Why is Wheelers Delayed Choice Experiment Incorrect?

Question

I have come across 'Wheelers Delayed Choice Experiment' which tries to prove that you can work out which Slit a Photon Goes Through in the Double Slit Experiment. But I thought it was impossible to know which Slit a Photon goes through? - So my question is, Why is Wheelers Delayed Choice Experiment Incorrect?

Answer 1

It's not, rather your assumption that it's always impossible to know which slit a photon went through is incorrect. It's only impossible to know which slit it went through in an experiment where you get a double-slit interference pattern--if you wish you can set up an experiment to find out which slit the photon goes through, but the result will then be no interference between the two slits (see this page for a good discussion of both types of observation).

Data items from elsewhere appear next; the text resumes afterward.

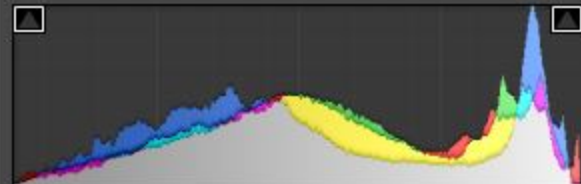

## Histograma ▾

ISO 100

55 mm

*f*/3,5

1/60 seg.

Fotografía original

Herramienta :

**Recortar y enderezar**

Restringir a imagen

Restaurar

Cerrar

Temperatura

4650

Matiz

+3

Tono

Automático

Exposición

+2,00

This is the idea of 'complementarity' between which-path information and interference, which was formalized by Wootters and Zurek in a 1979 paper as discussed here (their mathematical formulation actually allowed for degrees of which-path information and degrees of interference, with greater which path information corresponding to less interference and vice versa, but in Wheeler's delayed-choice experiment the only two options possible given the experimental setup are either perfect knowledge of the path with zero interference, or zero knowledge of the path with perfect interference).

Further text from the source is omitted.